═══ RECORDS FOR THIS EXERCISE ═══
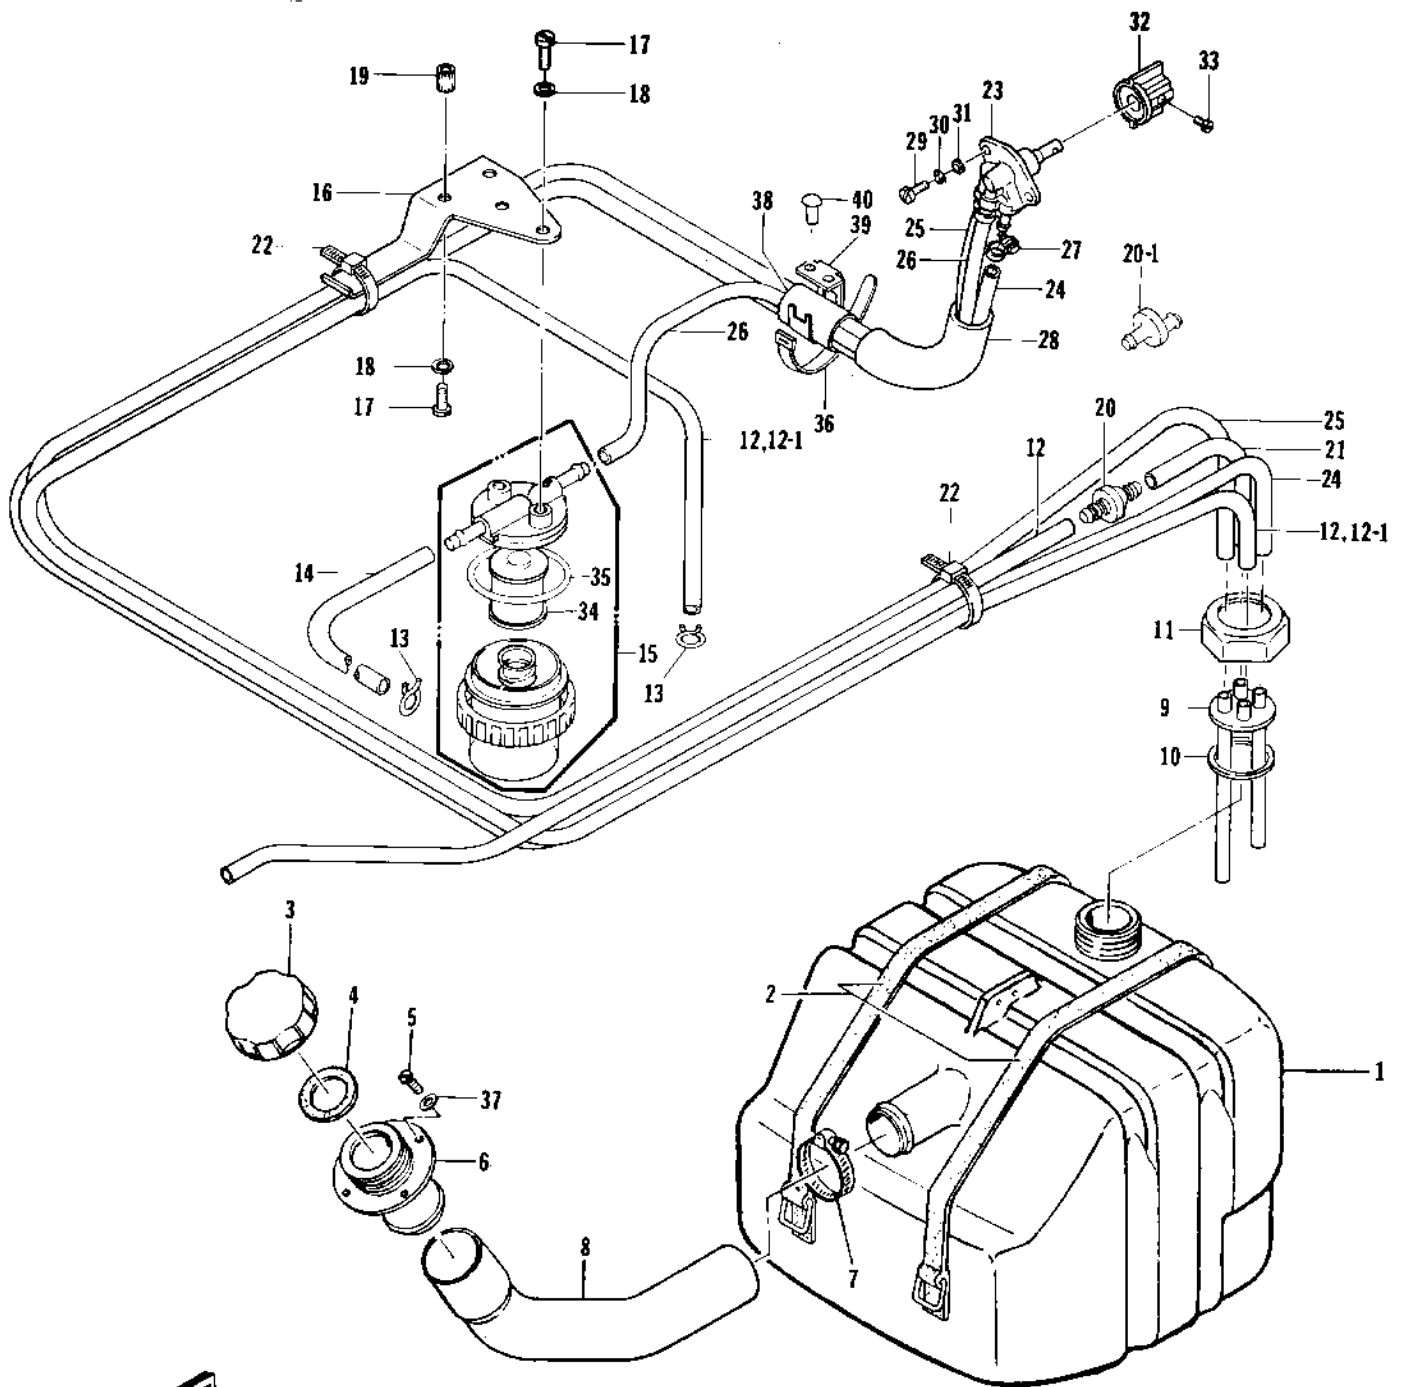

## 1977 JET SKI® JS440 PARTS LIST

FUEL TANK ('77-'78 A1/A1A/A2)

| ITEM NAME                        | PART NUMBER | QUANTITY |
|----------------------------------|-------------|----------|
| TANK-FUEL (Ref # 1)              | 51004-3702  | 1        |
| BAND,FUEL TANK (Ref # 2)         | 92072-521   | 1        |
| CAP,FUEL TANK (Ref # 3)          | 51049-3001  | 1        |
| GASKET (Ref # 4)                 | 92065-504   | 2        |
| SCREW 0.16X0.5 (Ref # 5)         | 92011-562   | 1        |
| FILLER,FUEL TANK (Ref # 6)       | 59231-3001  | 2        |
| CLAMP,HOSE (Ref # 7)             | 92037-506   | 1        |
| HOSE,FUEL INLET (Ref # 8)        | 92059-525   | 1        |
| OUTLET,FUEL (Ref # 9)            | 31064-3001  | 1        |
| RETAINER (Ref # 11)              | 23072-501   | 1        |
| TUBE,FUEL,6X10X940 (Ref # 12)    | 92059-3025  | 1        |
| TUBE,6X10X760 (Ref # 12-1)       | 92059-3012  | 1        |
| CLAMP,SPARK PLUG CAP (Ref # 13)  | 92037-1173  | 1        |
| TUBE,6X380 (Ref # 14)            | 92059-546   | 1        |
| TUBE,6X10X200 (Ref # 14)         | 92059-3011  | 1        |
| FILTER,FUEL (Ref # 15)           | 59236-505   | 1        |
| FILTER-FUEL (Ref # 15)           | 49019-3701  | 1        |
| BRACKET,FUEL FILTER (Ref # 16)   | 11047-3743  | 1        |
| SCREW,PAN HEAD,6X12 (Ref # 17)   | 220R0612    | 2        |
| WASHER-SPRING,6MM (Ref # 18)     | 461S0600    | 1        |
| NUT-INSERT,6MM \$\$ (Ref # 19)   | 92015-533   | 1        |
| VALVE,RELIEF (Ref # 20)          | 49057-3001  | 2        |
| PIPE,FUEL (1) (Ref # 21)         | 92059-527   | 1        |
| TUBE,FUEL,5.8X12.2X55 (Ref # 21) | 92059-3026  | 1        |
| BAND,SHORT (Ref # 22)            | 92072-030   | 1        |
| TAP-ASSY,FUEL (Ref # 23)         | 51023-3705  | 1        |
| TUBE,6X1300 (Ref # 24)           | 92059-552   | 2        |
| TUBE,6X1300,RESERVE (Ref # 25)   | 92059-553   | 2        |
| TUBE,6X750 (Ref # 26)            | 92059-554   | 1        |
═══
═══ RECORDS FOR THIS EXERCISE ═══
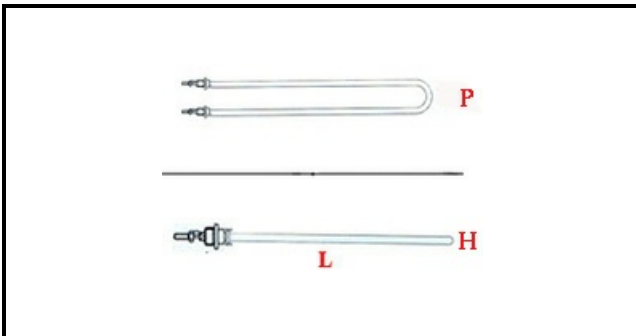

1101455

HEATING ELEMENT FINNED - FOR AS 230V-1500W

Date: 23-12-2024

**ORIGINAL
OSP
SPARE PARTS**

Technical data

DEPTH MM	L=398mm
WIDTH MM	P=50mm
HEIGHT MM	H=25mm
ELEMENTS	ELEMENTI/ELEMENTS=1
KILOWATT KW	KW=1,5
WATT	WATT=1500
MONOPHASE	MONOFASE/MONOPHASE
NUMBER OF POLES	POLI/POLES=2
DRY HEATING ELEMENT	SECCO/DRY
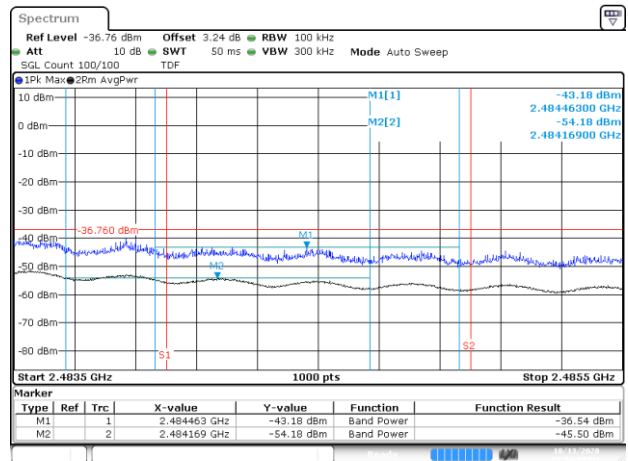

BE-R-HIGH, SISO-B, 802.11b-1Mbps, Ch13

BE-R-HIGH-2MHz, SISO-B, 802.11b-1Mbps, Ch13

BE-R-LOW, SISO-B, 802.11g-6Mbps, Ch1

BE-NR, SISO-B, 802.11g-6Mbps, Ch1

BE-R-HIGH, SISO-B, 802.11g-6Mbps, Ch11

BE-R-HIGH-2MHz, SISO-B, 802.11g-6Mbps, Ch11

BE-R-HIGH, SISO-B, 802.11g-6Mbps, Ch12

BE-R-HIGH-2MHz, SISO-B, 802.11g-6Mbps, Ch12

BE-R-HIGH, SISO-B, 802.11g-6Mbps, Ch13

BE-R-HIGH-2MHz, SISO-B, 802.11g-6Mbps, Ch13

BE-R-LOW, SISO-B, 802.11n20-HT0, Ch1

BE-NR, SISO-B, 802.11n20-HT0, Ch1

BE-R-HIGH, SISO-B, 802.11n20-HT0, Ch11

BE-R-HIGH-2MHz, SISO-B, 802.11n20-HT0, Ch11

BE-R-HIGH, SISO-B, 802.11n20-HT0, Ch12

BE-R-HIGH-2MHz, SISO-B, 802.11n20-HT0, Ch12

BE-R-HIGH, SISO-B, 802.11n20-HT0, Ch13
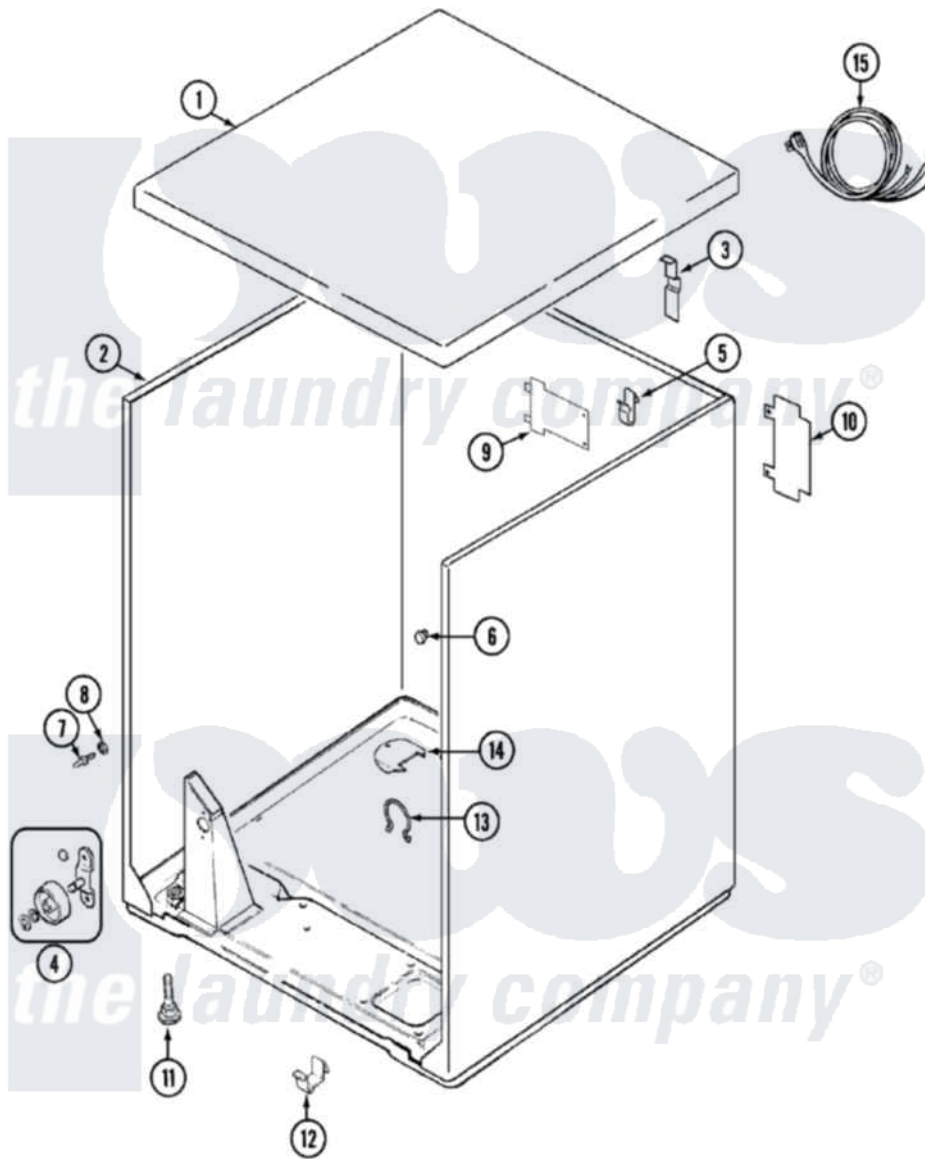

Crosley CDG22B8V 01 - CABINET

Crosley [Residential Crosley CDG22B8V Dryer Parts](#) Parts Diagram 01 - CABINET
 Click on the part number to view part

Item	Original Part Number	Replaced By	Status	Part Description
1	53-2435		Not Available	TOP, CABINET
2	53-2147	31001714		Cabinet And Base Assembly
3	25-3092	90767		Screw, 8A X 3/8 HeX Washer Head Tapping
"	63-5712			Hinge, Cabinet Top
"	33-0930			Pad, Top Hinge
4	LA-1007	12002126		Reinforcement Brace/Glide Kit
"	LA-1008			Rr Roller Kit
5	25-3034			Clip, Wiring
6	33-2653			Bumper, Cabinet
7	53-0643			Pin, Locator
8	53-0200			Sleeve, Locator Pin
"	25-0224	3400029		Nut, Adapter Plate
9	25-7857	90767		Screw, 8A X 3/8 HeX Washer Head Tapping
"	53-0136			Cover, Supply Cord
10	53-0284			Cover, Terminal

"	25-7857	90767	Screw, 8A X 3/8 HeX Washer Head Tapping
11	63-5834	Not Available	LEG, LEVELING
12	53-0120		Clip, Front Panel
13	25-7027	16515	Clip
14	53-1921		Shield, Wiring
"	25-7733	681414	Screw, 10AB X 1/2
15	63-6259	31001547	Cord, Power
═══
═══ RECORDS FOR THIS EXERCISE ═══
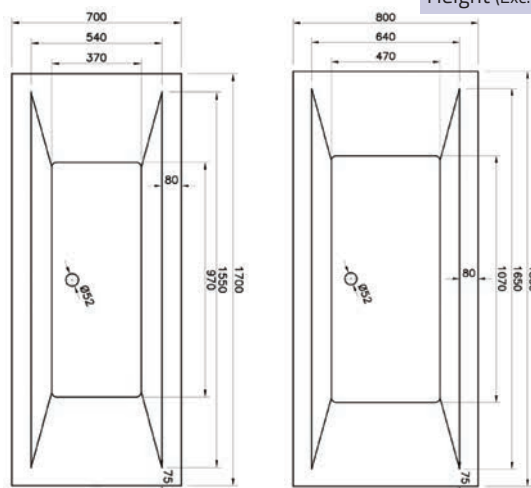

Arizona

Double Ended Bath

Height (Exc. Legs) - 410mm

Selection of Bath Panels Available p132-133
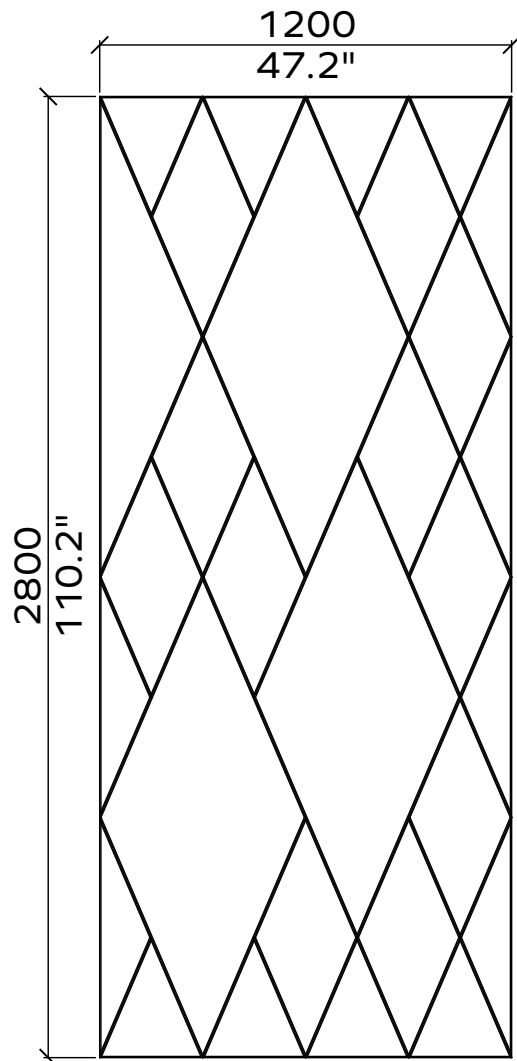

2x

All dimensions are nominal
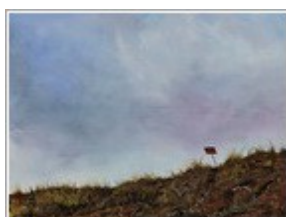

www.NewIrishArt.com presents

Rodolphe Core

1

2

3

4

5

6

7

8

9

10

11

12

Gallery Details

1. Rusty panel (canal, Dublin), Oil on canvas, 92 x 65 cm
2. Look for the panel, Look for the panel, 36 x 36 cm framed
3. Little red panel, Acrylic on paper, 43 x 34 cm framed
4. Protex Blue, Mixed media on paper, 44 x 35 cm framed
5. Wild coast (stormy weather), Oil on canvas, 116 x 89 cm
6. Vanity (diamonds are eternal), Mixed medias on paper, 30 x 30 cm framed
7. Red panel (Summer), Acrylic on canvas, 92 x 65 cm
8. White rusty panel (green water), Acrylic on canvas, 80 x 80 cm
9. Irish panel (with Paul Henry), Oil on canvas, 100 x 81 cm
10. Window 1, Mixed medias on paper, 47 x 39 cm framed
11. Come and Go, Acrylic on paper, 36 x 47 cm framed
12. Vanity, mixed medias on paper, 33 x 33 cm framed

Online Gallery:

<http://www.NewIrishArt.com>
═══
_WHAT YOU NEED TO DO_
What you return should be exactly the lines above, starting at the one with "## 1977 JET SKI® JS440 PARTS LIST" and ending at the one with "FILTER-FUEL (Ref #", and nothing else.

_RESULT_
## 1977 JET SKI® JS440 PARTS LIST

FUEL TANK ('77-'78 A1/A1A/A2)

| ITEM NAME                        | PART NUMBER | QUANTITY |
|----------------------------------|-------------|----------|
| TANK-FUEL (Ref # 1)              | 51004-3702  | 1        |
| BAND,FUEL TANK (Ref # 2)         | 92072-521   | 1        |
| CAP,FUEL TANK (Ref # 3)          | 51049-3001  | 1        |
| GASKET (Ref # 4)                 | 92065-504   | 2        |
| SCREW 0.16X0.5 (Ref # 5)         | 92011-562   | 1        |
| FILLER,FUEL TANK (Ref # 6)       | 59231-3001  | 2        |
| CLAMP,HOSE (Ref # 7)             | 92037-506   | 1        |
| HOSE,FUEL INLET (Ref # 8)        | 92059-525   | 1        |
| OUTLET,FUEL (Ref # 9)            | 31064-3001  | 1        |
| RETAINER (Ref # 11)              | 23072-501   | 1        |
| TUBE,FUEL,6X10X940 (Ref # 12)    | 92059-3025  | 1        |
| TUBE,6X10X760 (Ref # 12-1)       | 92059-3012  | 1        |
| CLAMP,SPARK PLUG CAP (Ref # 13)  | 92037-1173  | 1        |
| TUBE,6X380 (Ref # 14)            | 92059-546   | 1        |
| TUBE,6X10X200 (Ref # 14)         | 92059-3011  | 1        |
| FILTER,FUEL (Ref # 15)           | 59236-505   | 1        |
| FILTER-FUEL (Ref # 15)           | 49019-3701  | 1        |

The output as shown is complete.